=== Section Start ===

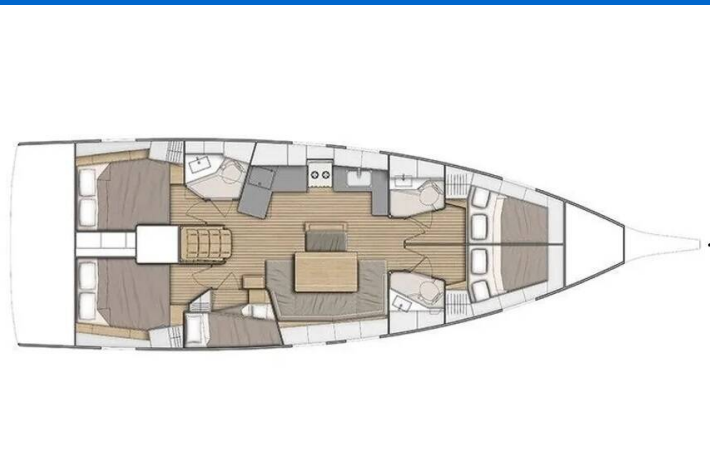

OCEANIS 46.1

Liberty (2022)

Sailing yacht Oceanis 46.1 Liberty, built in 2022 is anchored in the Marina Frapa, Rogoznica, Šibenik region, Croatia. It has 5 cabins, can accommodate 10 + 2 people and has 3 toilets. Bed linen and kitchen equipment are included in the price.

Liberty

Production year

2022

Length

48 ft

Cabins

5

Berths

=== Section End ===

## PROMPT
Nothing but the pictures may be dropped; output the records above exactly.

## REPLY TO THE EXERCISE
OCEANIS 46.1

Liberty (2022)

Sailing yacht Oceanis 46.1 Liberty, built in 2022 is anchored in the Marina Frapa, Rogoznica, Šibenik region, Croatia. It has 5 cabins, can accommodate 10 + 2 people and has 3 toilets. Bed linen and kitchen equipment are included in the price.

Liberty

Production year

2022

Length

48 ft

Cabins

5

Berths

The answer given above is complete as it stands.